[Start of section]

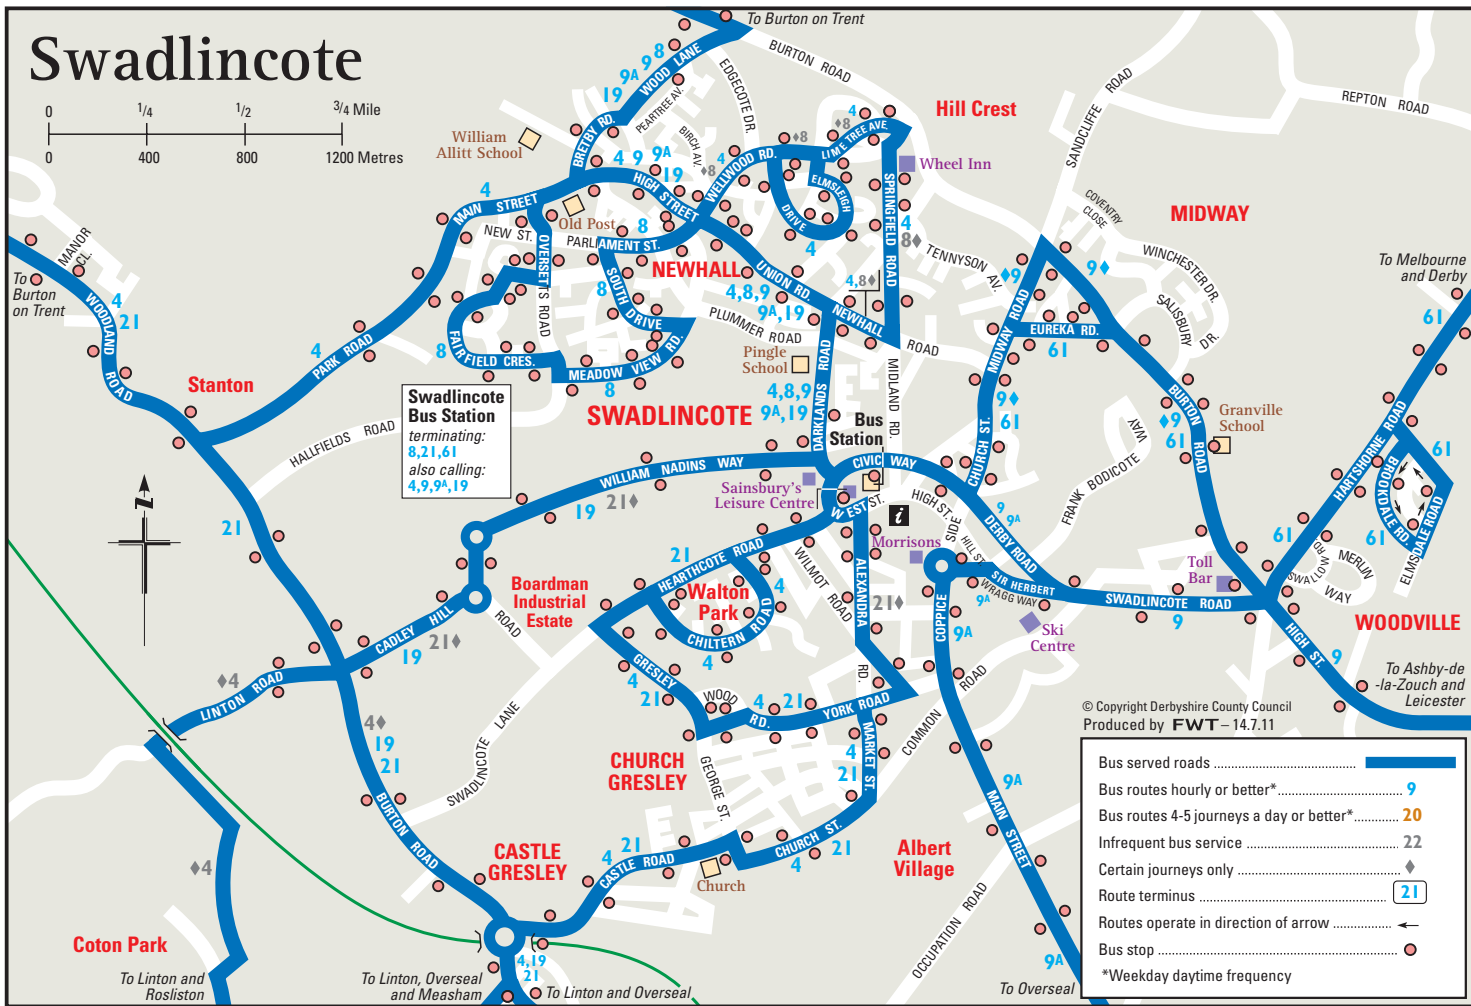

Swadlincote

Swadlincote Bus Station
 terminating:
 8,21,61
 also calling:
 4,9,9A,19

© Copyright Derbyshire County Council
 Produced by FWT-14.7.11

Bus served roads	
Bus routes hourly or better*	9
Bus routes 4-5 journeys a day or better*	20
Infrequent bus service	22
Certain journeys only	♦
Route terminus	
Routes operate in direction of arrow	
Bus stop	
*Weekday daytime frequency

[End of section]

Once the line with "Bus served roads" is found, write out that line and every one after it through the last line of the records, exactly and with nothing else.

Bus served roads	
Bus routes hourly or better*	9
Bus routes 4-5 journeys a day or better*	20
Infrequent bus service	22
Certain journeys only	♦
Route terminus	
Routes operate in direction of arrow	
Bus stop	
*Weekday daytime frequency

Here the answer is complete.